In an example, a user may send a request via a third party platform 1520 that may need data from both the first node 1701 and the second node 1702 to generate a response. In such examples the method 1600 or method 1610 may be utilized such that the response may be generated (e.g., determined). For simplicity, the plurality of nodes of method 1600 or method 1610 may be discussed as the second node 1702. The first node 1701 may send a message to the second node 1702, via a network (e.g., network 1505). The message may comprise information, such as, one or more of a type, shape, list, or plural supported by the first node 1701 in response to the received request. The information may be saved to a database 1708b (e.g., data store 1508) associated with the second node 1702.

In response to receiving the message, the second node may send a response message. The response message may comprise synchronization information configured to establish or relay information between the first node 1701 and the second node 1702 such that the data that may be generated from the first node 1701 may be compatible with the second node 1702 and vice versa. The synchronization information may be saved to a database 1708a (e.g., data store 1508) associated with the first node 1701. It is contemplated that the databases 1708a,b may be physically located on the nodes of the system 1700 or on a network device (e.g., network device 1510). It is contemplated that the information or the synchronization information may be stored temporarily or permanently for future communication between the first node 1701 and the second node 1702.

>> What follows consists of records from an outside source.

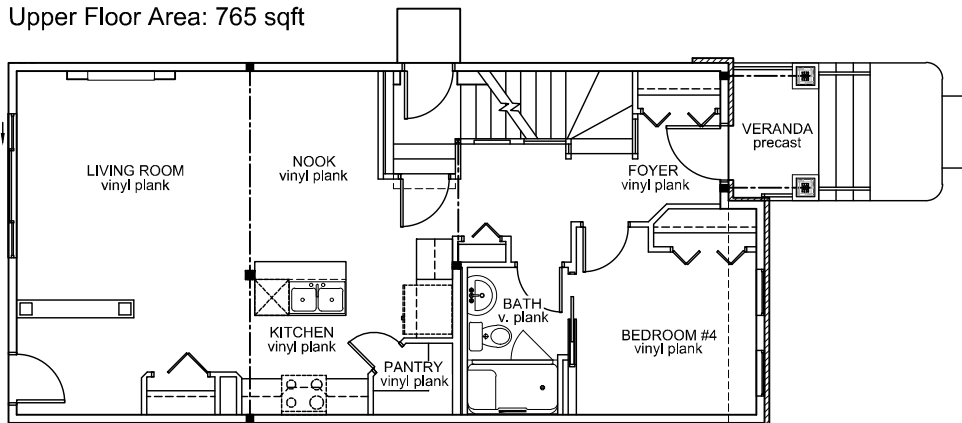

**Job # 2343**

**Ravello IA: 1590 ft<sup>2</sup>**

**1231 Watt Drive SW (Walker Summit)**

- ✓ **9'-1" Main Floor Ceiling Height**
- ✓ **Vinyl Plank throughout Main Floor**
- ✓ **Quartz Countertops in Kitchen & Bathrooms**
- ✓ **Tile in all Second Floor Bathrooms**
- ✓ **Stand-Up Shower in Ensuite**
- ✓ **Railing Throughout**
- ✓ **Side Entrance**
- ✓ **Electric Fireplace in Great Room**
- ✓ **Detached Garage Included**

Upper Floor Area: 765 sqft

Main Floor Area: 825 sqft

The first node 1701 may now send data associated with generating the response. Conversely, the second node 1702 may also send data associated with generating the response. The data associated with the first node 1701 may be of a first structure and the data associated with the second node 1702 may be of the first format. The data from the first node 1701 and the second node 1702 both being in the first format may allow for the system 1700 to execute computations to generate a response associated with the request. The first format may be considered a common language between the first node 1701 and the second node 1702. The common language may be one or more of a type, shape, list, or plural, that may be supported by the second node 1702 and the first node 1701 based on the information associated with the first node 1701.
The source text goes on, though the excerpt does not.